PMC · DOI: 10.1111/1753-0407.70201 · 2026-03-10

## TL;DR

This study reviews evidence on using local antibiotics for diabetic foot infections, suggesting combination therapy may improve outcomes but more research is needed.

## Contribution

The study provides a systematic review and meta-analysis comparing local, systemic, and combination antibiotic therapies for diabetic foot infections.

## Key findings

- Combination therapy showed higher clinical cure rates and faster healing times compared to systemic antibiotics alone.
- Local antibiotics alone did not show significant benefits across all outcomes.
- High-quality randomized trials are needed to confirm these findings and guide clinical practice.

## Abstract

Diabetic foot infection (DFI) includes soft tissue infection and osteomyelitis below the ankle and is a leading cause of lower limb amputation and mortality in diabetic patients. Treatment involves prolonged antibiotic therapy with surgical debridement or amputation. Local antimicrobial therapy offers an adjunct or alternative to systemic therapy. This systematic review and meta‐analysis assessed the efficacy of systemic antibiotic therapy compared with local and combination (local and systemic) therapy in DFI. A meta‐analysis was conducted according to the Preferred Reporting Items for Systematic Reviews and Meta‐Analysis (PRISMA) guidelines. A systematic search for studies was performed in eight sources (PROSPERO: CRD42024518421). The primary outcome was clinical cure rates, with secondary outcomes including clinical improvement, time to clinical cure, recurrence, amputation rates, and pathogen eradication. Twenty‐one studies with 2188 participants met the inclusion criteria, including 12 randomized controlled trials and 9 observational studies. Combination antibiotics were associated with increased clinical cure rates compared with systemic antibiotics alone (OR 2.08; 95% CI 1.30–3.35; p < 0.05) and faster healing times (Mean −9.8 days; 95% CI −15.1 to −4.4; p < 0.05); however, results failed to reach significance when looking at randomized studies alone. Results for local antibiotics alone were non‐significant for all outcomes. This meta‐analysis suggests that definitive conclusions about the use of local antibiotics in DFI are limited by bias and heterogeneity within included studies. Combined local and systemic antibiotic treatment may allow for direct tissue infiltration of antimicrobial therapy. However, high‐quality, blinded randomized controlled trials are required before routine clinical adoption.
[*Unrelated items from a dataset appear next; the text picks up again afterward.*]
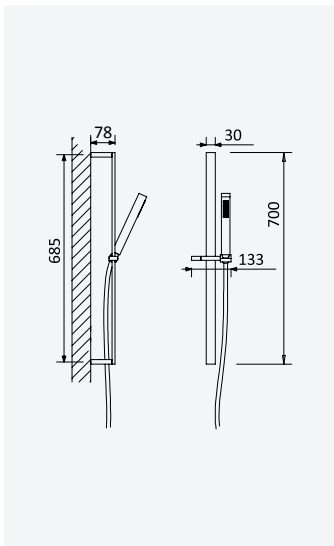

Shower set: ABS Quadra handshower, brass shower rail Flat and Lux shower hose 1,75m

Set de douche: Douchette en ABS Quadra, barre de douche en laiton Flat et flexible Lux 1,75 m

Chrome • Chromé 145 571 6CR
Night Sky 145 571 6NS

Option: Brass Quadra handshower

Option: Douchette Quadra en laiton

Chrome • Chromé 145 592 7CR
Night Sky 145 592 7NS
Pure White 145 592 7PW
Morning Mist 145 592 7MM
Gunmetal 145 592 7MG
Sunrise 145 592 7SR
Sunset 145 592 7SS
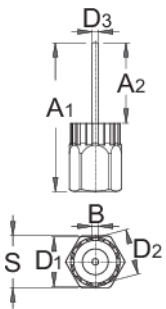

Εξωλκέας εξαπλέτας

1670.7/4

Προφίλ

Χαρακτηριστικά προϊόντος

- Εξωλκέας κασσέτας με οδηγό για ShimanoZ, SRAMZ Sun RaceZ, SuntourZ και άλλα.

Barcode	A1	A2	B	D1	D2	D3	S	Weight
616067	69,1	37,5	2,3	23,40	21,25	5	24	85

* Οι εικόνες των προϊόντων είναι συμβολικές. Όλες οι διαστάσεις είναι σε mm, το βάρος είναι σε γραμμάρια. Όλες οι αναφερόμενες διαστάσεις μπορεί να διαφέρουν σε ανοχές.
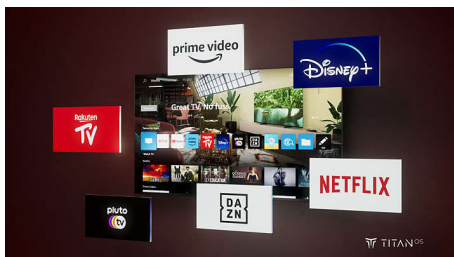

## Inteligentna platforma TITAN OS

Dzięki naszej inteligentnej platformie TV TITAN OS szybko i łatwo znajdziesz ulubiony program. Kochasz seriale? Możesz kontynuować oglądanie bezpośrednio z ekranu głównego. A jeśli szukasz czegoś nowego, możesz przeglądać kategorie, np. filmy akcji lub dramaty, i wyświetlać rekomendacje z
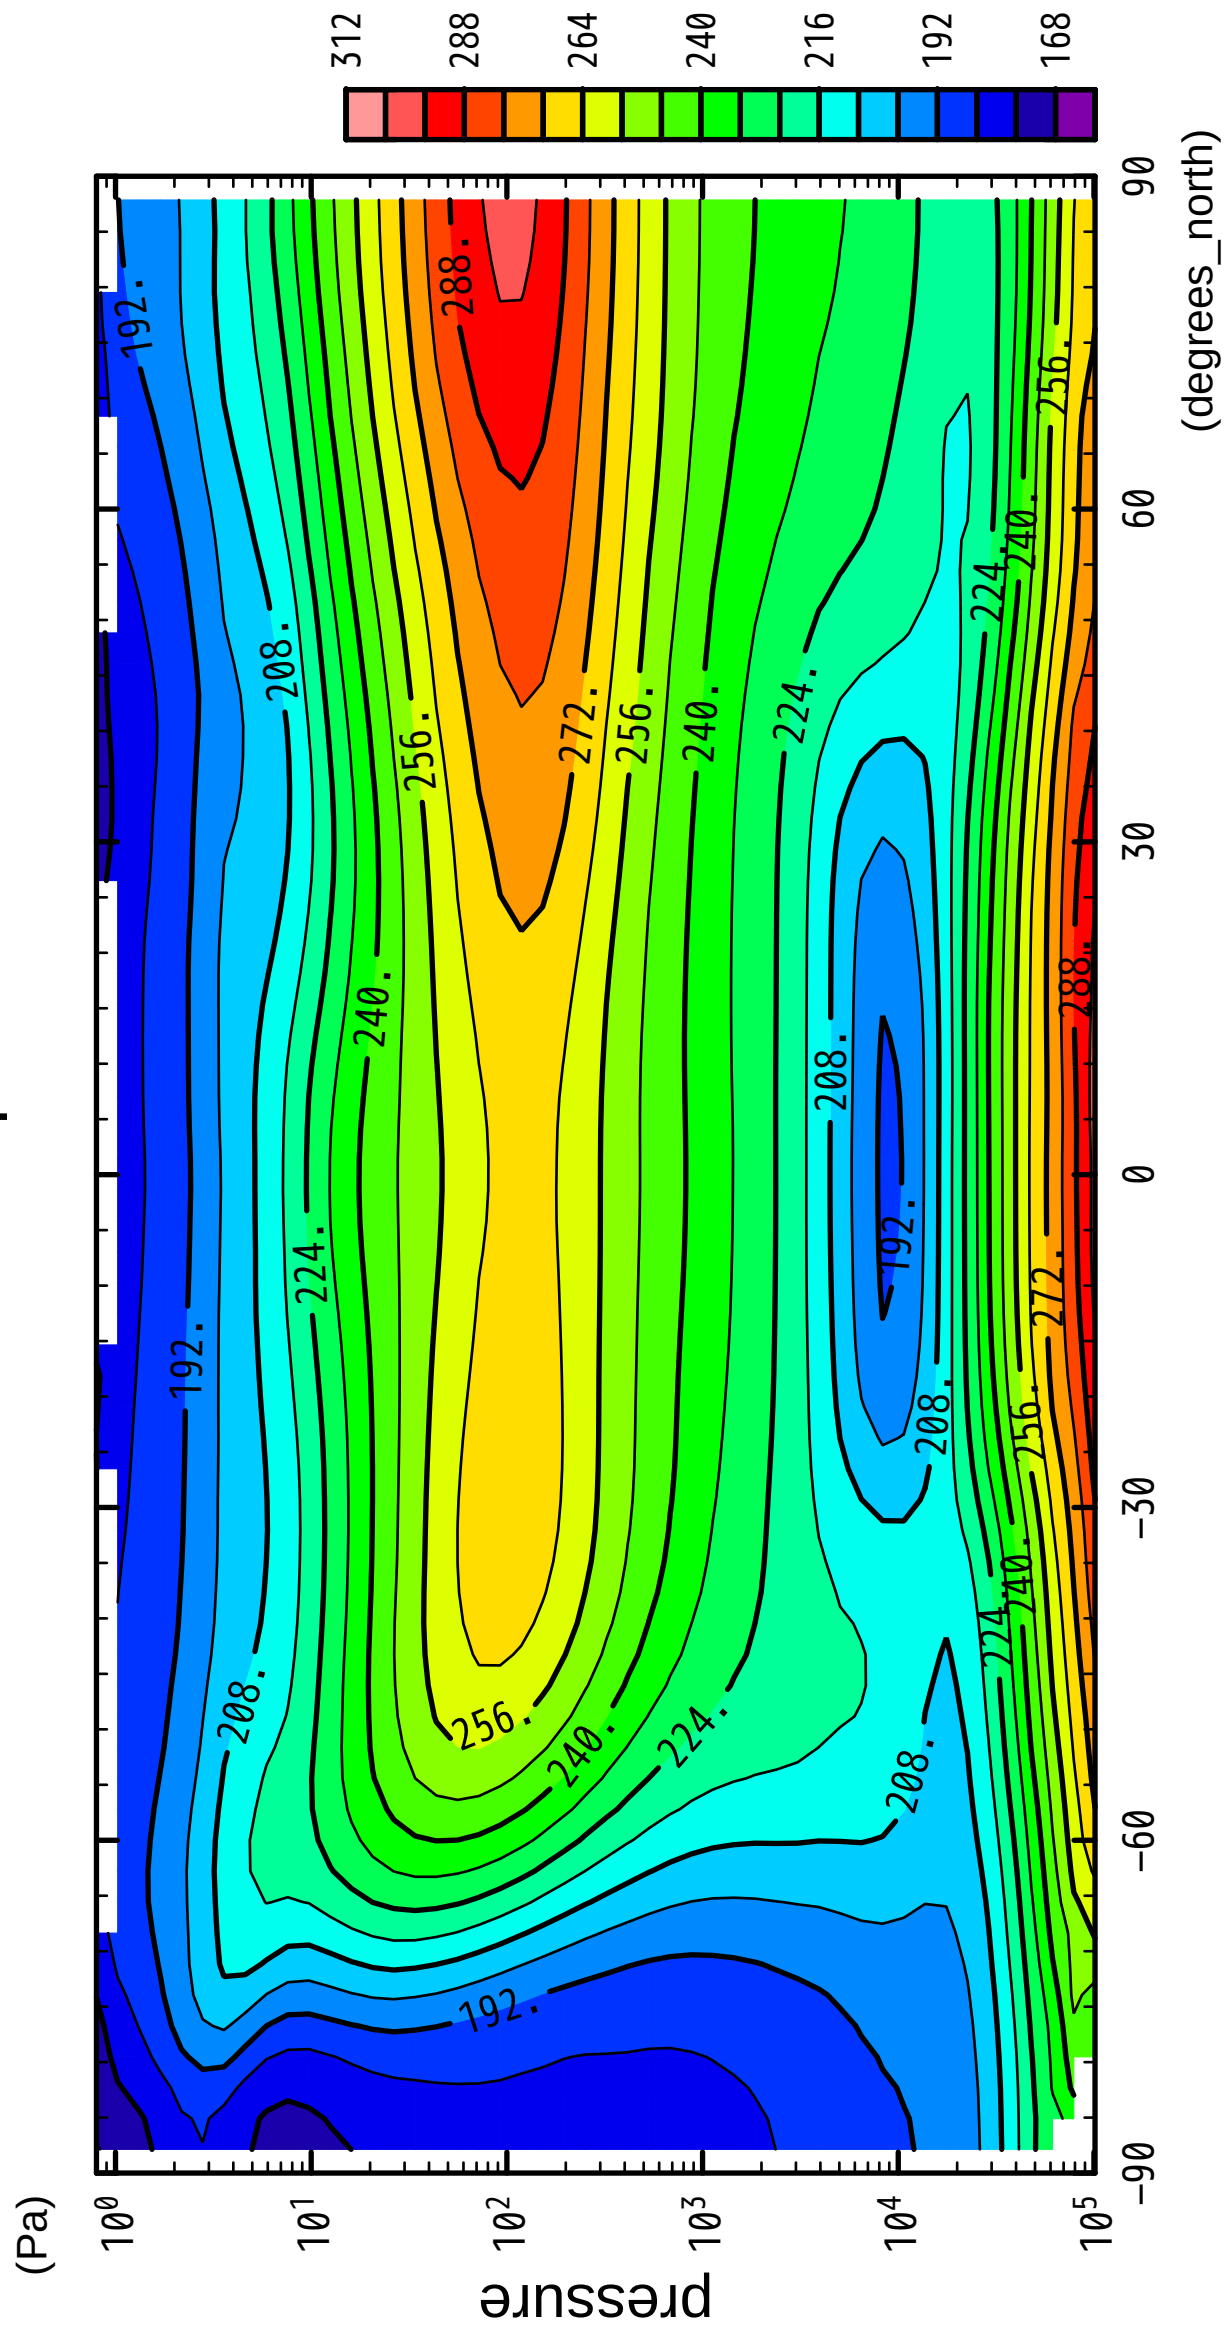

1/12

Temp

CONTOUR INTERVAL = 8.000E+00

2/12

Temp

latitude

CONTOUR INTERVAL = 8.000E+00

3/12

Temp

latitude

CONTOUR INTERVAL = 8.000E+00

4/12

Temp

CONTOUR INTERVAL = 8.000E+00

5/12

Temp

CONTOUR INTERVAL = 8.000E+00

6/12

Temp

CONTOUR INTERVAL = 8.000E+00

7/12

Temp

latitude

CONTOUR INTERVAL = 8.000E+00

10/12

Temp

latitude

CONTOUR INTERVAL = 8.000E+00

11/12

Temp

CONTOUR INTERVAL = 8.000E+00

12/12
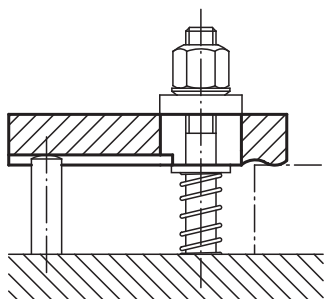

Clamp straps

slotted heel

Material:

Carbon steel 1.1191

Version:

Black oxidised.

Sample order:

nIm 04010-101

Note:

For suitable supports and adjustable rest pads, see 02130 and 02150.

Order No.	A	B	D	H	H1	L	L1	L2	L3	F kN
04010-05	8	12	5,5	8	3	32	14	8	1,2	3,42
04010-051	13	12	5,5	8	3	50	23	8	1,2	3,42
04010-06	10	16	7	10	3	40	17	10	1,6	4,82
04010-061	17	16	7	10	3	63	29	10	1,6	4,82
04010-08	12	20	9	12	4	50	22	12	2	8,77
04010-081	21	20	9	12	4	80	37	12	2	8,77
04010-10	16	25	11	16	4,5	63	28	16	2,5	13,9
04010-101	26	25	11	16	4,5	100	46	16	2,5	13,9
04010-12	20	32	14	20	5	80	35	20	3	20,2
04010-121	33	32	14	20	5	125	58	20	3	20,2
04010-14	25	40	16	25	6	100	44	25	4	27,6
04010-141	42	40	16	30	6	160	74	25	4	27,6
04010-16	42	50	18	30	6	160	73	32	5	37,8
04010-20	52	60	22	30	8	200	92	40	6	58,8
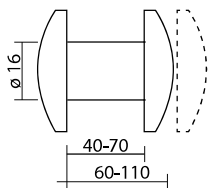

domino

WIZJERY

200°
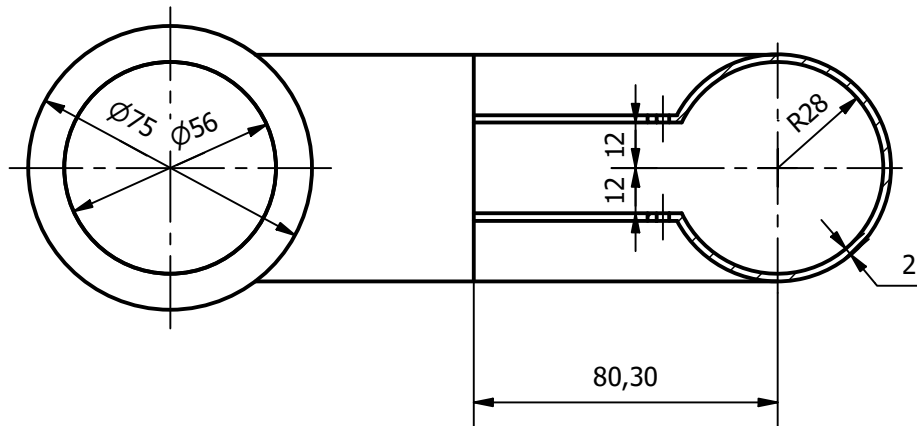

A-A (1 : 2)

Progettato da V.Antedoro	Controllato da	Approvato da	Data	Data 29/11/2025	SCALA 1:2
Itsi. E.Fermi - Castrovillari			Tavola Chiocciola		
TAV-chiocciola			Edizione	Foglio 1 / 1	
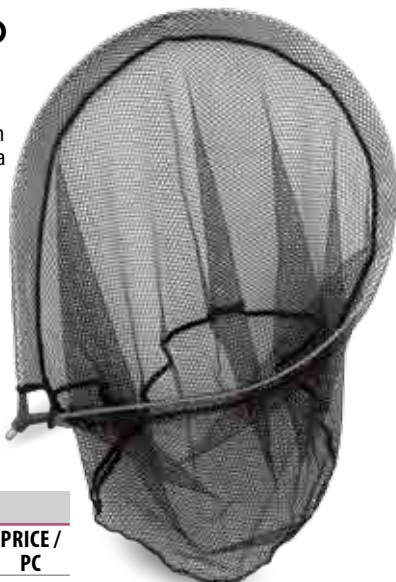

INFO	TESTA GUADINO		
CODE	MESH	SIZE / DEPTH (CM.)	PRICE / PC
6103250	6	40X50 / 40	
6103255	6	45X55 / 45
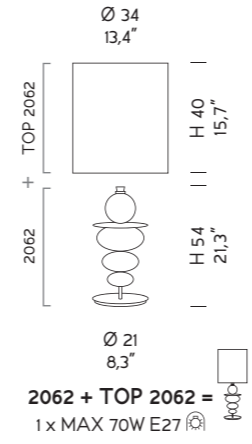

2062 + TOP 2062 =
1 x MAX 70W E27

2065
1 x MAX 42W E14

Sistema per composizioni multiple/ Multiple arrangements

Fornito senza rosone / Supplied without ceiling rose

* KIT 2066

2066
1 x MAX 42 W E14

KIT 2066 + (n°) 2066
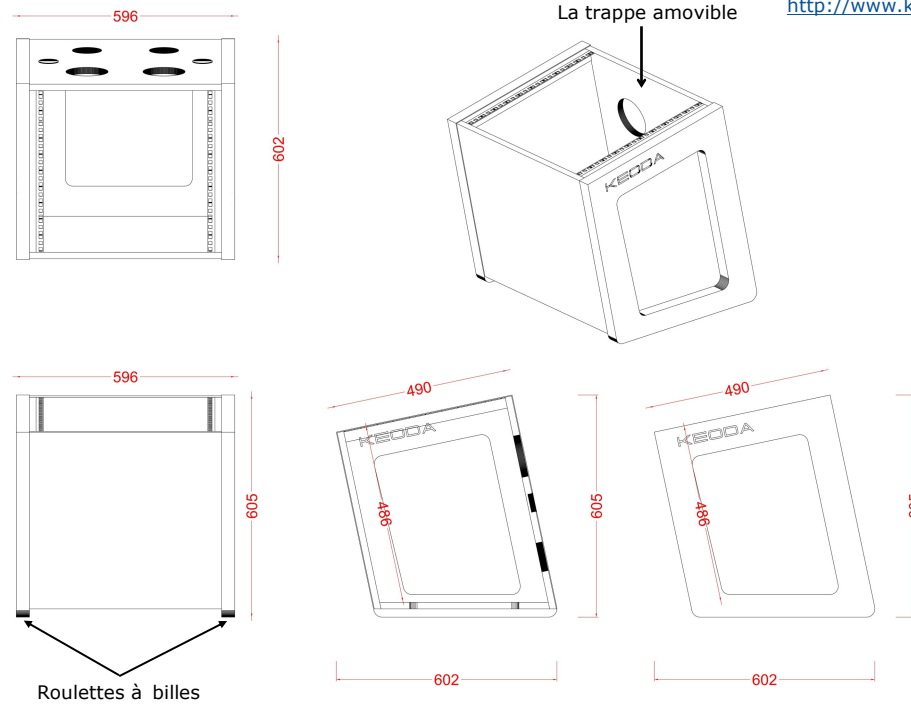

Arion - Roll = 745,00 €
Couleur au choix

Les flancs d' Arion - Roll sont proposés en 2 finitions, vous pouvez choisir l'une de deux sans supplément de prix.

En bois naturel (Play Wood) verni incolore .

En MDF verni semi - mat couleur au choix suivant RAL :

<https://www.ralcolor.com/>

Le reste est construit en mélaminé couleur au choix selon nuancier Keoda :

<http://www.keoda.com/fr/our-offer/serie-avid-s-3/xera-for-s-3#colors>
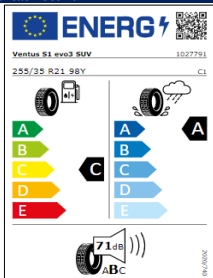

Llantas Estoril 21"
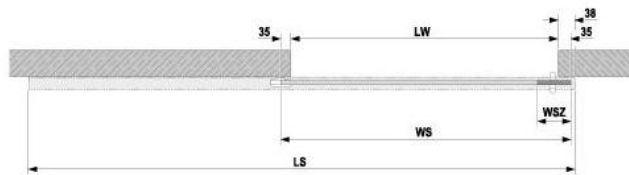

18.60300.22

Portavant 150, set de profil 1 rail

Matériau:	aluminium
Finition:	éloxé naturel EV1
Montage:	montage au plafond
Épaisseur du verre:	10 - 10.76 / 12 - 12.76 mm
Unité de vente (UV):	St
unité d'emballage (UE):	1.00
Forme:	carré
Mesures:	1996 mm
Capacité de charge:	150 kg/garniture

contient: 1 x rail de roulement / profilé de retenue pour vantail fixe, 2 x cache. Largeur de porte coulissante min. 960 mm, proportions max. 3 : 1

Einseitige Systeme ohne Festflügel /
systèmes simples sans vantail fixe

$$WS = LW + 70$$

$$LS = 2WS - WSZ - 29$$

$$LW = LW - WSZ$$

Links oder rechts schließend /
fermeture à gauche et à droite

Zweiseitige Systeme ohne Festflügel /
systèmes doubles sans vantail fixe

<p>Einfache Deckenmontage / montage au plafond simple</p> 	<p>Deckenmontage mit Festflügel / montage au plafond avec vantail fixe</p> 
<p>Montage vor Sturz / montage devant linteau</p> 	<p>Montage in der Abhängecke / montage dans un faux plafond</p> 
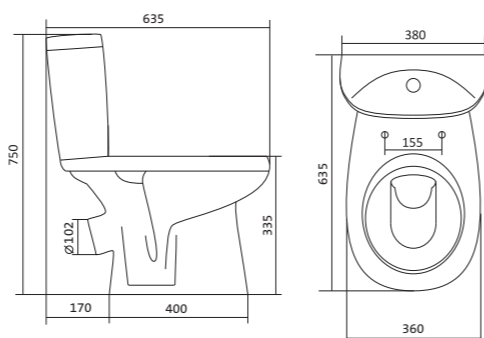

## Унитаз-компакт Римини

	габариты, мм			тип монтажа
	длина	высота	ширина	
Унитаз-компакт Римини	577	723	333	открытый

Артикул	Комплектация
1.WH11.1.758	1.WH11.0.427 чаша унитаза Римини
	1.WH11.0.673 бачок Римини
	1.WH10.8.693 комплект креплений к полу
1.WH50.1.523	1.WH11.0.427 чаша унитаза Римини
	1.WH11.0.673 бачок Римини
	1.WH10.8.693 комплект креплений к полу
1.WH30.2.130	1.WH11.0.427 чаша унитаза Римини
	1.WH11.0.673 бачок Римини
	1.WH10.8.693 комплект креплений к полу
	1.WH10.7.275 однорежимная арматура
	1.WH30.1.948 полипропиленовое сиденье
	1.WH30.1.957 двухрежимная арматура
	1.WH30.1.948 полипропиленовое сиденье
	1.WH30.2.451 двухрежимная арматура
	1.WH10.6.924 дюропластовое сиденье

## Унитаз-компакт Анимо

	габариты, мм			тип монтажа
	длина	высота	ширина	
Унитаз-компакт Анимо с диагональным выпуском	635	750	380	открытый

Артикул	Комплектация		
1.WH11.0.032	1.WH11.0.393	чаша унитаза Анимо диагональная	1.WH10.7.275 однорежимная арматура
	1.WH11.0.645	бачок Анимо	1.WH30.1.834 полипропиленовое сиденье
	1.WH10.8.693	комплект крепления к полу	
1.WH30.2.134	1.WH11.0.393	чаша унитаза Анимо диагональная	1.WH50.1.712 двухрежимная арматура
	1.WH11.0.645	бачок Анимо	1.WH10.6.914 дюропластовое сиденье
	1.WH10.8.693	комплект крепления к полу	
1.WH30.2.137	1.WH11.0.393	чаша унитаза Анимо диагональная	1.WH50.1.712 двухрежимная арматура
	1.WH11.0.645	бачок Анимо	1.WH10.6.897 дюропластовое сиденье с функцией мягкого закрывания и быстрого снятия
	1.WH10.8.693	комплект крепления к полу	
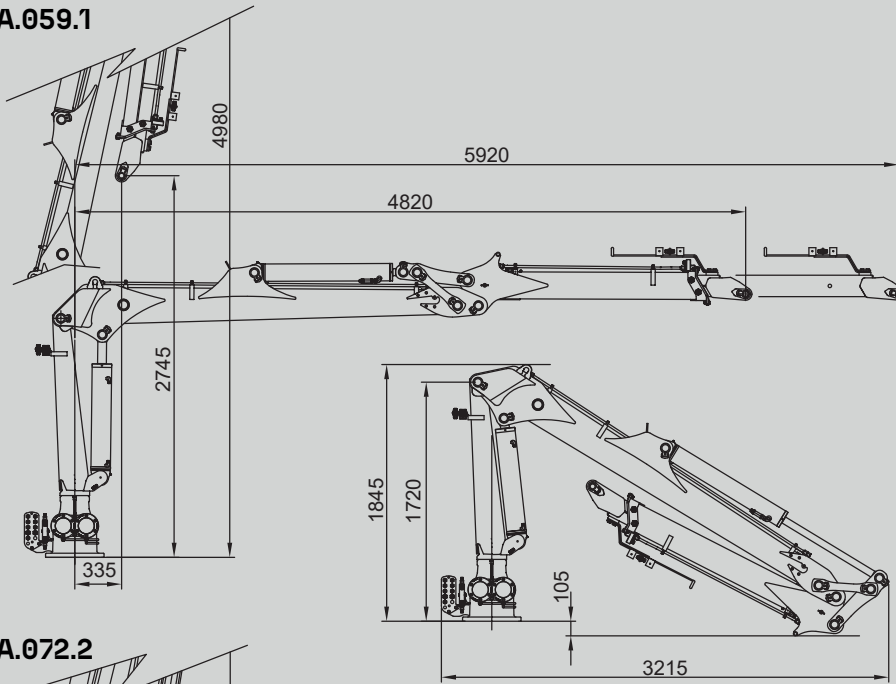

GRUES
HYDRAULIQUES

57A

DIV.

FORESTIÈRE

GUERRA

DIMENSIONS

1.0

57A.059.1

- 12 tornillos M24 8.8
- 12 parafusos M24 8.8
- 12 vis M24 8.8
- 12 screws M24 8.8

57A.072.2

		57A.059.1	57A.072.2
COUPLE DE LEVAGE MAXIMUM	[kNm]	54.3	50.4
PORTÉE HYDRAULIQUE MAX.	[m]	5.92	7.18
COUPLE DE ROTATION, BRUT	[kNm]	16.28	16.28
ANGLE DE ROTATION	[°]	420	420
PRESSION MAX. DE TRAVAIL	[bar]	210	210
DÉBIT MAXIMUM	[l/min]	70	70
MASSE GRUE STANDARD	[Kg]	1050	1130

CARACTÉRISTIQUES 3.0

- Construction selon règle "DIN 15018" classe H1-B4.
- 4 cylindres de rotation et double fermeture éclair.
- Système de rotation pignon-crémaillère, au bain d'huile avec roulement axial.
- Structure grenillée, protégée avec deux composants et deux couches de peinture.
- Pré-installation de contrôle d'accessoire en pointe à 4 fonctions.

OPTIONNEL 4.0

- Treuil d'entraînement.
- Distributeur au débit fixe ou variable.
- Commandes électriques avec joysticks.
- Refroidisseur.

DIAGRAMME DE CHARGES 5.0

DIAGRAMME DE POSITIONS 6.0

GUERRA

VILA DE CRUCES [PO] SPAIN	36590
IGUERRA.COM	
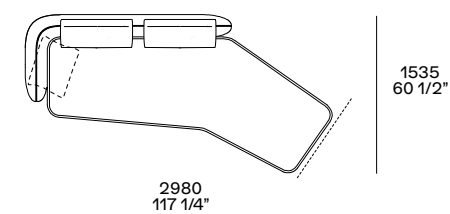

**Terminale penisola inclinato sx-dx
Lt-rt angled peninsula end unit**

cuscino opzionale 500x500
optional cushion 19 3/4"x19 3/4"

cuscino opzionale 550x580
optional cushion 21 3/4"x22 3/4"

Topical antibiotics are commonly used in local infections. There is limited guidance on their use in diabetic foot infection (DFI). This systematic review summarizes the existing evidence relating to local antibiotics in DFI in improving rates of clinical cure, clinical improvement, antimicrobial eradication, infection recurrence, and amputation rates in DFI, alone and in combination with systemic therapy. This study suggests the use of combination antibiotic therapy may improve cure rates and speed healing times in DFI. However, this review supports the need for further prospective, blinded, randomized studies before the routine use of local antibiotics can be routinely recommended.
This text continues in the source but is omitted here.